Task prompt:
Only the text should be kept: print every entry below exactly and leave each image out.

Data provided:
* * * * * * * * *

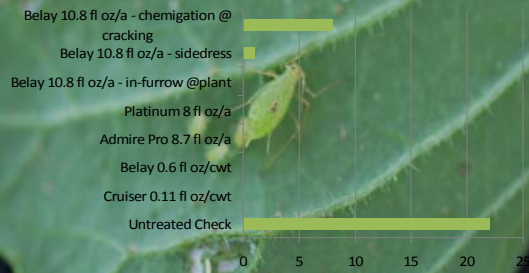

Insecticides for Colorado Potato Beetle and Aphid Control

Colorado Potato Beetle Control Larvae/68 row-ft – July 24

Colorado Potato Beetle Control 2008 % Feeding Damage - August 13

Green Peach Aphid Control Aphids/20 leaves – August 8

Colorado Potato Beetle Control Larvae/68 row-ft- July 19

Single foliar application made on July 17

Colorado Potato Beetle Control Larvae/68 row-ft- August 8

Single foliar application made on July 17

- ### Insecticides for both CPB and Aphid
- Seed treatments
 - Cruiser
 - Belay
 - Gaucho MZ
 - In-furrow
 - Platinum
 - Admire Pro
 - Belay
 - Foliar treatments
 - Leverage
 - Actara
 - Belay
 - Endigo
 - Voliam Flexi
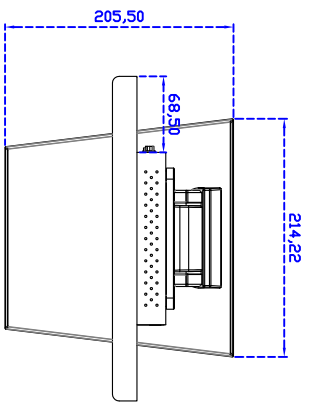

12.1" inch Touch Monitor (Infrared Ray Multi-Touch)

Display Specifications :

Active Area	246 × 184 mm
Pixel Pitch	0.3075 × 0.3075 mm
Brightness	330 cd/m ²
Contrast Ratio	800 : 1
Resolution	800 x 600 (SVGA)
Viewing Angle	L/R 160° ; U/D140°
Response Time	30 ms (Tr + Tf)
Display Colors	16.2M
Display Modes	640×480 ; 800×600
Signal input	VGA ; Audio ; DVI
Mini-Audio out	1W (8Ω) × 1
OSD Keyboard	⊙ Menu/Select ⊙ - ⊙ + ⊙ Auto/Exit ⊙ Power
Power Source	DC 12V ; ≤12.5w ; Standby ≤1w
Power Consumption	
Storage Operation	-30~70°C ; -10~65°C
VESA	75×75 or 100×100 mm
Casing Colors	Black
Casing Size Weight	292 × 230 × 48 mm ; 3.5kg (W×H×D)
Carton gross weight	385 × 365 × 185 mm ; 5.6kg (W×H×D)

Order Information :

AIM-TMIR121-R01A :
Accessory

【VGA/DVI/AUDIO/USB-TOUCH】
VGA Cable/Audio Cable/Power Cable/AC90~260V Adapter/USB Cable/Cleaning wipes/Driver Disk
※DVI Cable(Optional)

3 Year Warranty
LCD Panel 1 Year

12.1" Desktop Touch Monitor.

AIM-TMR121-R01A_R03A
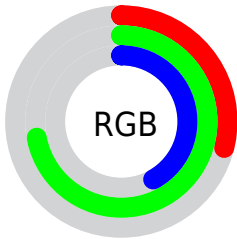

Distribution

- Red (29%)
- Green (72%)
- Blue (42%)

* * * * * * * * *

Your response:
Insecticides for Colorado Potato Beetle and Aphid Control

Colorado Potato Beetle Control Larvae/68 row-ft – July 24

Colorado Potato Beetle Control 2008 % Feeding Damage - August 13

Green Peach Aphid Control Aphids/20 leaves – August 8

Colorado Potato Beetle Control Larvae/68 row-ft- July 19

Single foliar application made on July 17

Colorado Potato Beetle Control Larvae/68 row-ft- August 8

Single foliar application made on July 17

- ### Insecticides for both CPB and Aphid
- Seed treatments
 - Cruiser
 - Belay
 - Gaucho MZ
 - In-furrow
 - Platinum
 - Admire Pro
 - Belay
 - Foliar treatments
 - Leverage
 - Actara
 - Belay
 - Endigo
 - Voliam Flexi

12.1" inch Touch Monitor (Infrared Ray Multi-Touch)

Display Specifications :

Active Area	246 × 184 mm
Pixel Pitch	0.3075 × 0.3075 mm
Brightness	330 cd/m ²
Contrast Ratio	800 : 1
Resolution	800 x 600 (SVGA)
Viewing Angle	L/R 160° ; U/D140°
Response Time	30 ms (Tr + Tf)
Display Colors	16.2M
Display Modes	640×480 ; 800×600
Signal input	VGA ; Audio ; DVI
Mini-Audio out	1W (8Ω) × 1
OSD Keyboard	⊙ Menu/Select ⊙ - ⊙ + ⊙ Auto/Exit ⊙ Power
Power Source	DC 12V ; ≤12.5w ; Standby ≤1w
Power Consumption	
Storage Operation	-30~70°C ; -10~65°C
VESA	75×75 or 100×100 mm
Casing Colors	Black
Casing Size Weight	292 × 230 × 48 mm ; 3.5kg (W×H×D)
Carton gross weight	385 × 365 × 185 mm ; 5.6kg (W×H×D)

Order Information :

AIM-TMIR121-R01A :
Accessory

【VGA/DVI/AUDIO/USB-TOUCH】
VGA Cable/Audio Cable/Power Cable/AC90~260V Adapter/USB Cable/Cleaning wipes/Driver Disk
※DVI Cable(Optional)

3 Year Warranty
LCD Panel 1 Year

12.1" Desktop Touch Monitor.

AIM-TMR121-R01A_R03A

Distribution

- Red (29%)
- Green (72%)
- Blue (42%)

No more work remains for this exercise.